You can say what you like, but this is not “estimates being a little off”. This is under-reporting of a level that can only be understood as deceit by the oil and gas industry.

Of course, this under-reporting is not new. We have seen similar under-reporting of emissions from methane leaking fracking wells. Wells that would also supply the local fossil fuel project under construction: Woodfibre LNG. Although the company didn’t include Scope 3 emissions in its 2023 “pathway to net-zero”, it mentioned it would work to decrease these up and downstream emissions. But how can you when the data is unreliable? That’s probably why we haven’t seen any plans.

All the while, Woodfibre LNG pigheadedly continues with the construction of its combined fossil fuel processing and LNG export facility. With that, planned flaring during operations has come into focus. Flaring is the burning of methane (natural gas) to lower pressure or to clear a system in case of maintenance, emergency, or tests.

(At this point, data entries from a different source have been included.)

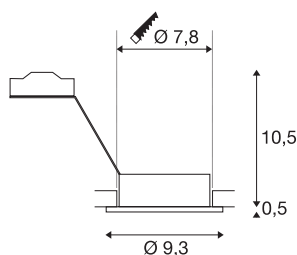

NEW TRIA 1

incasso, monoemissione, QPAR51, rotondo, alluminio spazzolato, max. 50W, incl. clip di fissaggio

La versione rotonda ad alto voltaggio dei nostri apprezzati incassi della serie NEW TRIA è disponibile con alloggiamento di colore nero, bianco e alluminio spazzolato. L'ampio raggio di rotazione e orientamento del faretto da incasso consente un orientamento personalizzato del cono di luce, indipendentemente dal tipo di lampade a cui si desidera abbinare: alogene oppure LED. Si monta con clip di fissaggio incorporate in fabbrica. L'incasso NEW TRIA 1 viene fornita pronta per il collegamento diretto alla corrente alternata da 230V.

DATI TECNICI

Articolo	111360
Numero di attacchi	1
Orientabilità	30 °
Raggio di rotazione orizzontale	360 °
Girevole od orientabile	Ruotabile e orientabile
Codice IP	IP 20
Montaggio	Incasso
Dettagli di montaggio	Soffitto
Tensione nominale primaria	220-240V ~50/60Hz
Classe isolamento	II
Wattaggio	50 W
Colore	alluminio
Emissione	diretto
Altezza	11 cm
Diametro	9.3 cm
Peso netto	0.167 kg
Peso lordo	0.205 kg
Forma dello scasso	rotonda
Profondità d'incasso	12.5 cm
Diametro d'incasso	7.8 cm
BIG WHITE pagina	352
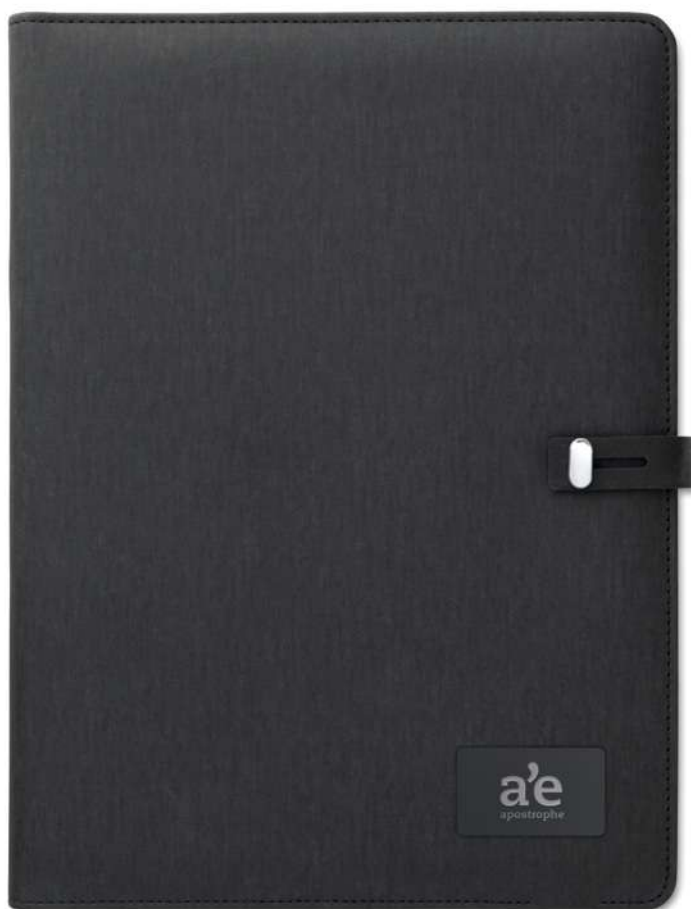

Smartfolder MO9401

Mapă de conferință A4 din pânză și PU cu închidere cu cataramă. Cu încărcător wireless DC 5V/1A și baterie externă de 4000 mAh. Cu micro USB și conector de tip C. Bloc de notițe cu 20 de file și mai multe buzunare interne. Acest produs include o plăcuță neagră din aluminiu, potrivită pentru logoul dvs.

To get a better understanding of the potential harm of this planned flaring at Woodfibre LNG for surrounding communities, Vancouver Coastal Health and scientists from four universities started a study - the first of its kind in Canada - last month. On the topic of flaring, the company has said that “It’s harmless.”

At Concerned Citizens Bowen, we are glad with this study, but that doesn’t mean that we accept the building of Woodfibre LNG. Our position remains that we shouldn’t be building new fossil fuel projects in a climate emergency. But somehow that’s what’s happening in Canada. It’s one of the reasons the country is consistently found in the bottom section of the Climate Change Performance Index (See https://ccpi.org/)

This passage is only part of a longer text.